Høgh Petersen H, Chen X, Pietersen A, Svendsen J H, Haunsø S
Medical Department B, National University Hospital, 2100 Copenhagen O, Denmark.
Circulation. 1999 Jan 19;99(2):319-25. doi: 10.1161/01.cir.99.2.319.
It is important to increase lesion size to improve the success rate for radiofrequency ablation of ischemic ventricular tachycardia. This study of radiofrequency ablation, with adjustment of power to approach a preset target temperature, ie, temperature-controlled ablation, explores the effect of catheter-tip length, ablation site, and convective cooling on lesion dimensions.
In vitro strips of porcine left ventricular myocardium during different levels of convective cooling and in vivo pig hearts at 2 or 3 left ventricular sites were ablated with 2- to 12-mm-tip catheters. We found increased lesion volume for increased catheter-tip length </=8 mm in vitro (P<0.05) and 6 mm in vivo (P<0. 0001), but no further increase was found for longer tips. For the 4- to 10-mm catheter tips, we found smaller lesion volume in low-flow areas (apex) than in high-flow areas (free wall and septum) (P<0.05). Increasing convective cooling of the catheter tip in vitro increased lesion volume (P<0.0005) for the 4- and 8-mm tips but not for the 12-mm tip as the generator reached maximum output. In contrast to power-controlled ablation, we found a negative correlation between tip temperature reached and lesion volume for applications in which maximum generator output was not achieved (P<0. 0001), whereas delivered power and lesion volume correlated positively (P<0.0001).
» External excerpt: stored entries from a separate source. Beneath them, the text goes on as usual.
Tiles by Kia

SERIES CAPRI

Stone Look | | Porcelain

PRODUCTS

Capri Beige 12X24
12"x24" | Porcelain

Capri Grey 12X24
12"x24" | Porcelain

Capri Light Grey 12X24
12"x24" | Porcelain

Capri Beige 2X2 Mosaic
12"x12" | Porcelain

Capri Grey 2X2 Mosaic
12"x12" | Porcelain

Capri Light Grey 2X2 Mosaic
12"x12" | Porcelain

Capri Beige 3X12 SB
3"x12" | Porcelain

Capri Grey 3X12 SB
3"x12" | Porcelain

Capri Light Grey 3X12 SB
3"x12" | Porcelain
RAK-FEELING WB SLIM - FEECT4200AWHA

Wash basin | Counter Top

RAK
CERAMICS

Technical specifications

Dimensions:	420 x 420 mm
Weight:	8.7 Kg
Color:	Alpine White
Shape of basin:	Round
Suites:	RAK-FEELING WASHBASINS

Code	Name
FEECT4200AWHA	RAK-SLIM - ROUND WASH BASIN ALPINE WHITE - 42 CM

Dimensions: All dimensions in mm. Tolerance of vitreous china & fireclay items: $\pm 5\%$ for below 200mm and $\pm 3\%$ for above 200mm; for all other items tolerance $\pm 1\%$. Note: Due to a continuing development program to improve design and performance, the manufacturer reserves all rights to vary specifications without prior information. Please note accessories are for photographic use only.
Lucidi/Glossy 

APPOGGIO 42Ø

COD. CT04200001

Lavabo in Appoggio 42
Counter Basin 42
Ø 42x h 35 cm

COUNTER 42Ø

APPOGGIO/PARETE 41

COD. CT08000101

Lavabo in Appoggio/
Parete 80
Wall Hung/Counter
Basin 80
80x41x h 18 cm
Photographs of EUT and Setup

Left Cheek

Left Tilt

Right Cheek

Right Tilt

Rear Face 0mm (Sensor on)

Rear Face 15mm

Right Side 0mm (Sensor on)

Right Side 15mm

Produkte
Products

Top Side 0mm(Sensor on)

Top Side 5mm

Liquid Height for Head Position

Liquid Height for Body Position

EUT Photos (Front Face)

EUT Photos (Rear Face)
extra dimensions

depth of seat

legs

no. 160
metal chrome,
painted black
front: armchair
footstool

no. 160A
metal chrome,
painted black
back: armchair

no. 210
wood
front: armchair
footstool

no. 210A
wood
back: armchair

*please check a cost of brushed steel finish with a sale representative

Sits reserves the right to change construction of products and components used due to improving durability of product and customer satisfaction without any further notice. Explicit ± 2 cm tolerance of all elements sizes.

Lesion size differs in different left ventricular target sites, which is probably related to convective cooling, as illustrated in vitro. Longer electrode tips increase lesion size for tip lengths </=6 to 8 mm. For temperature-controlled ablation, the tip temperature achieved is a poor predictor of lesion size.
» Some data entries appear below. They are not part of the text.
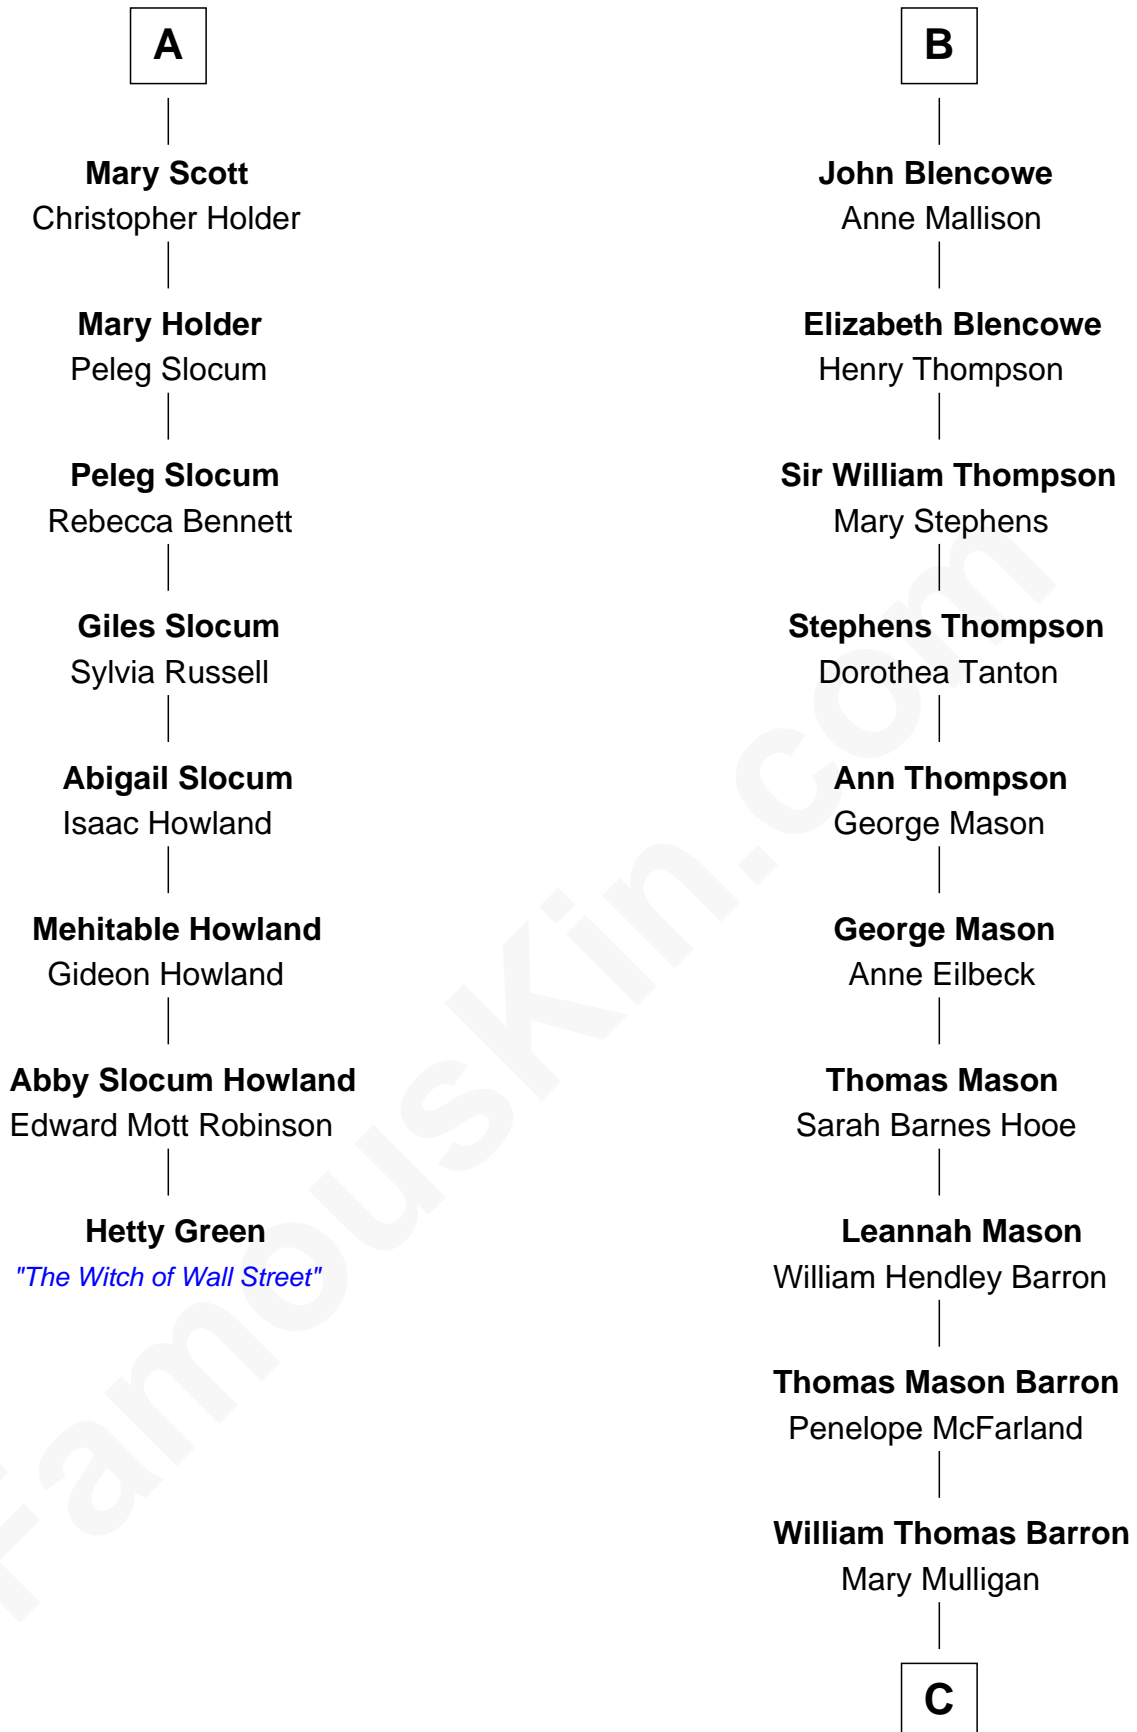

# FamousKin.com Relationship Chart of

**Hetty Green**

*"The Witch of Wall Street"*

14th cousin 6 times removed of

**Paris Hilton**

*Socialite and TV Personality*

**Sir Walter Blount**

Sancha de Ayala

**Sir Thomas Blount**

Margaret de Gresley

**Sir Thomas Blount**

Agnes Hawley

**Anne Blount**

William Marbury

**Robert Marbury**

Katherine Williamson

Sir John Sutton

**Sir John Sutton**

Elizabeth Berkeley

**Sir Edmund Sutton**

Matilda Clifford

**Thomas Dudley**

Grace Threlkeld

**Winifred Dudley**

Anthony Blencowe

**Richard Blencowe**

Apollonia Tolson

**Sir Henry Blencowe**

Grace Sandford

**B**

**C**

**Mary Adelaide Barron**  
Conrad Nicholson Hilton

增大病灶大小对于提高缺血性室性心动过速射频消融的成功率很重要。本项关于射频消融的研究,通过调整功率以接近预设目标温度,即温控消融,探讨了导管尖端长度、消融部位和对流冷却对病灶尺寸的影响。
使用尖端长度为2至12毫米的导管,对处于不同对流冷却水平的猪左心室心肌体外条带以及猪活体心脏的2或3个左心室部位进行消融。我们发现,体外情况下,导管尖端长度增加至≤8毫米时病灶体积增大(P<0.05),体内情况下增加至6毫米时病灶体积增大(P<0.0001),但尖端更长时未发现进一步增大。对于4至10毫米的导管尖端,我们发现低血流区域(心尖)的病灶体积比高血流区域(游离壁和室间隔)小(P<0.05)。体外增加导管尖端的对流冷却,对于4毫米和8毫米的尖端,病灶体积增大(P<0.0005),但对于12毫米的尖端,由于发生器达到最大输出,病灶体积未增大。与功率控制消融相反,在未达到发生器最大输出的应用中,我们发现达到的尖端温度与病灶体积呈负相关(P<0.0001),而输送的功率与病灶体积呈正相关(P<0.0001)。
不同左心室目标部位的病灶大小不同,这可能与体外所示的对流冷却有关。电极尖端长度增加至≤6至8毫米时病灶大小增大。对于温控消融,达到的尖端温度对病灶大小的预测性较差。